[Recorded data — start]
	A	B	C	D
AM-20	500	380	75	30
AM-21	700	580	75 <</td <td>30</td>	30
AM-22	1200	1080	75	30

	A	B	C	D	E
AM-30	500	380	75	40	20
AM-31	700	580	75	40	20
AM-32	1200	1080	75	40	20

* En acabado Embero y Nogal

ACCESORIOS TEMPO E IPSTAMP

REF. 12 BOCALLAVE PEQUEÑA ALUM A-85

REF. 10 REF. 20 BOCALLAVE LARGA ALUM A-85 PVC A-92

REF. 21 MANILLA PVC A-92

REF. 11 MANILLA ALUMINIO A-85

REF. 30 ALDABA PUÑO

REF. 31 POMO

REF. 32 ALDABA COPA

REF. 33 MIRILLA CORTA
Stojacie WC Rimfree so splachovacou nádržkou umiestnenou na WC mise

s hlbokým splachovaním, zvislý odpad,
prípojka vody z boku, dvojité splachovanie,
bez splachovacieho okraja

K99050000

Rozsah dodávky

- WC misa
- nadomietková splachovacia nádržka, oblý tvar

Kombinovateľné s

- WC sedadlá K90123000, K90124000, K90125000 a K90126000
[Recorded data — finish]
[Recorded data — start]
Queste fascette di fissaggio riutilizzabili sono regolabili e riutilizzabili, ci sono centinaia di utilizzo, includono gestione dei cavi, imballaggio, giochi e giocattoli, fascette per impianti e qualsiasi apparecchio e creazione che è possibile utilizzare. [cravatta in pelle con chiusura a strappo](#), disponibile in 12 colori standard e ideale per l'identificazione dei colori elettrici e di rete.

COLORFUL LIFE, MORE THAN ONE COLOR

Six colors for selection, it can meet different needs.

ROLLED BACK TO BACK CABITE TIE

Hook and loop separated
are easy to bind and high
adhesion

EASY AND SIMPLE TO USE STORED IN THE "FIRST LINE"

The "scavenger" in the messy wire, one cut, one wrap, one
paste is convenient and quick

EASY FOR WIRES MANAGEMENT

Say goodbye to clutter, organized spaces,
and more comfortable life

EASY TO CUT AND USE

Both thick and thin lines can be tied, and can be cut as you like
[Recorded data — finish]
Brief: Repeat word for word the lines above that run from the line containing "are easy to bind and high" through the line containing "and more comfortable life", both ends included, and nothing else.

Answer box:
are easy to bind and high
adhesion

EASY AND SIMPLE TO USE STORED IN THE "FIRST LINE"

The "scavenger" in the messy wire, one cut, one wrap, one
paste is convenient and quick

EASY FOR WIRES MANAGEMENT

Say goodbye to clutter, organized spaces,
and more comfortable life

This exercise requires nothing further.